After all, even under a hypothetical regime of monetary stability or in the actual history of the gold standard, expectations of a rise in prices from their recession lows could mean that real interest rates would be negative for some time. Yet these naturally-occurring negative real rates, accompanied by nominal rates which are low but still significantly positive, do not by themselves stimulate market irrationality.
On the Other Hand: When Central Banks Cause Negative Rates
Friedmanite daylight saving time is different in at least two respects. First, there is the scary psychological effect of sub-zero nominal interest rates (the scare is wholly rational given the history of monetary experimentation). Second, the holders of money and short-maturity bonds have not had the opportunity to make real gains from a fall in prices during the period of severe recession just before the negative real rates set in. Indeed if the inflation-targeting central bank is successful, prices rise throughout the entire cycle.
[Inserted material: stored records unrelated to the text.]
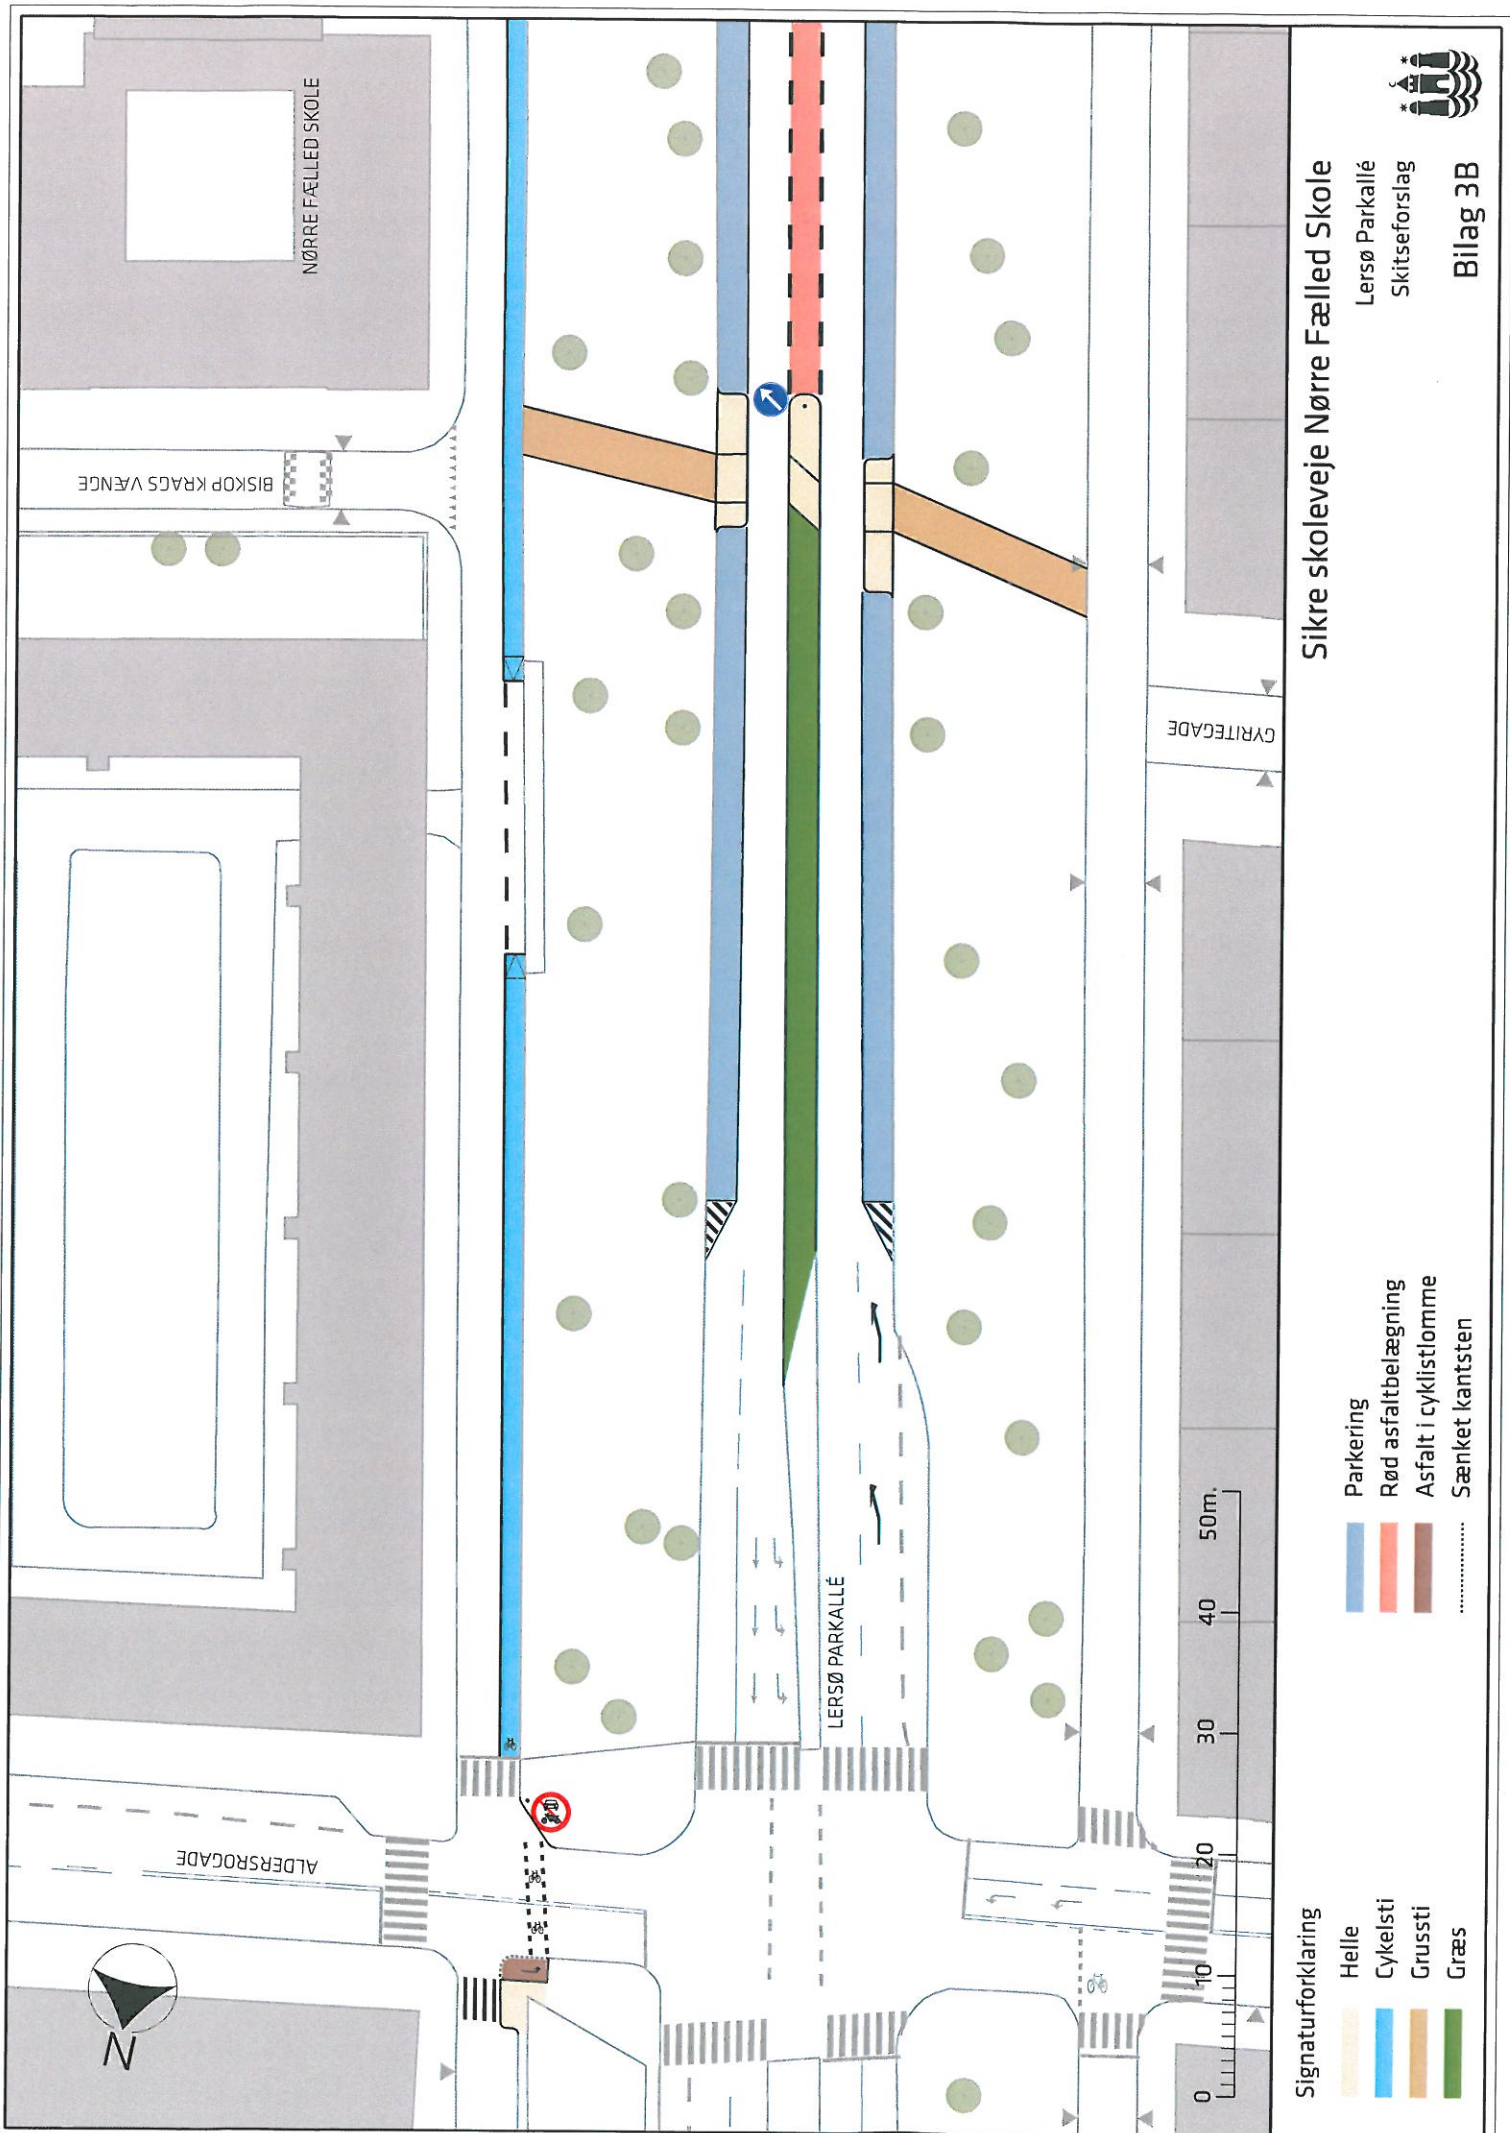

Sikre skoleveje Nørre Fælled Skole

Lersø Parkallé
Skitseforslag

Bilag 3A

Signaturforklaring

- Helle
- Cykelsti
- Grussti

- Parkering
- Rød asfaltbelægning

- Signaturforklaring**
- Helle
 - Cykelsti
 - Grussti
 - Græs

- Parkering
- Rød asfaltbelægning
- Asfalt i cyklistomme
- Sænket kantsten

Sikre skoleveje Nørre Fælled Skole
 Lersø Parkallé
 Skitseforslag
 Bilag 3B

It is this cushion formed from real gains on monetary assets during the severe recession phase when prices fall to a low level which helps to prevent investors under a stable money regime from panicking into irrationality in response to negative real rates. Under such a regime in Europe, there would have been a decline of many wages and prices during the recent business cycle downturn.
With the central-bank having stepped in to prevent deflation throughout the cycle, holders of monetary assets in Europe now enter daylight saving time with no such cushion. And there is no finishing date in view. Most likely the European Central Bank will extend and expand its negative interest rate experiment.
Perhaps a strong economic upturn ahead or even an economic miracle (meaning an autonomous sustained strong rise in productivity growth) will force the European Central Bank to end daylight saving time. But there is the danger that the end -- or the anticipated end -- could bring a steep fall of speculative temperatures across a wide range of markets now enjoying the heat of asset price inflation.
It is also possible that these temperatures could start to fall without a strong upturn or miracle if anything causes the rose-colored spectacles worn by investors to fall off.